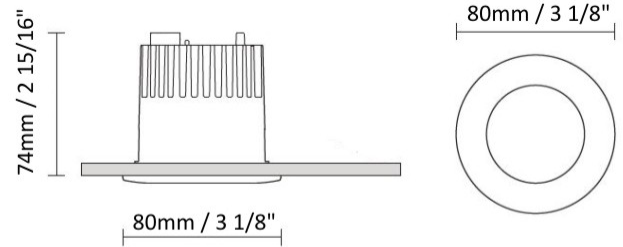

PROJECT	
TYPE	
SPECIFIER	
QUANTITY	
DATE	

DIXIT RECESSED

E5607021-

base number   LED   Color
Dimming   Temperature

1. To build a product code in our configurator select the specify button on the base model # product page
2. To build a manual product code on this datasheet choose from the options listed below in blue font and add the suffix to the base model #

GENERAL

Series: Dixit
Partner: Ivela
Division: Exterior
Installation: Recessed
Mounting Location: Ceiling
Light Distribution: Adjustable / Direct

PHYSICAL

Diameter (mm): 80
Diameter (in): 3 1/8
Height (mm): 74
Depth (mm): 114
Height (in): 2 15/16
Depth (in): 4 1/2
Min. Recessing Depth (mm): 114
Min. Recessing Depth (in): 4 1/2
Cut-out Measurements: 70mm / 2 3/4"

ELECTRICAL

Lamp Type: LED
Total Output Wattage (W): 12
Dimming: [Tri-Mode (Non-Dimming and Phase Dimming (120Vac only) and 0-10V Dimming)](#)
Driver Included: No
Driver Location: Recessed Housing
Driver Type: Constant Current - Universal
Driver Class: Class 2
Housing: See Components
Input Voltage (V): 120 - 277
Constant Current (MA): 350

LED

Number of LEDs: 1
Color Temperature (°K): [2700 / 3000 / 3500 / 4000](#)
CRI: >80 CRI
Efficiency (%): 88
Lamp Life (hrs): 50000

OPTICAL

RATINGS AND CERTIFICATIONS

Certified By: CSA Certified to UL and CSA Standards
IP rating: IP43

* [Requirement]: Repeat the records above verbatim. Include none of the pictures.

* [Final answer]:
PROJECT	
TYPE	
SPECIFIER	
QUANTITY	
DATE	

DIXIT RECESSED

E5607021-

base number   LED   Color
Dimming   Temperature

1. To build a product code in our configurator select the specify button on the base model # product page
2. To build a manual product code on this datasheet choose from the options listed below in blue font and add the suffix to the base model #

GENERAL

Series: Dixit
Partner: Ivela
Division: Exterior
Installation: Recessed
Mounting Location: Ceiling
Light Distribution: Adjustable / Direct

PHYSICAL

Diameter (mm): 80
Diameter (in): 3 1/8
Height (mm): 74
Depth (mm): 114
Height (in): 2 15/16
Depth (in): 4 1/2
Min. Recessing Depth (mm): 114
Min. Recessing Depth (in): 4 1/2
Cut-out Measurements: 70mm / 2 3/4"

ELECTRICAL

Lamp Type: LED
Total Output Wattage (W): 12
Dimming: [Tri-Mode (Non-Dimming and Phase Dimming (120Vac only) and 0-10V Dimming)](#)
Driver Included: No
Driver Location: Recessed Housing
Driver Type: Constant Current - Universal
Driver Class: Class 2
Housing: See Components
Input Voltage (V): 120 - 277
Constant Current (MA): 350

LED

Number of LEDs: 1
Color Temperature (°K): [2700 / 3000 / 3500 / 4000](#)
CRI: >80 CRI
Efficiency (%): 88
Lamp Life (hrs): 50000

OPTICAL

RATINGS AND CERTIFICATIONS

Certified By: CSA Certified to UL and CSA Standards
IP rating: IP43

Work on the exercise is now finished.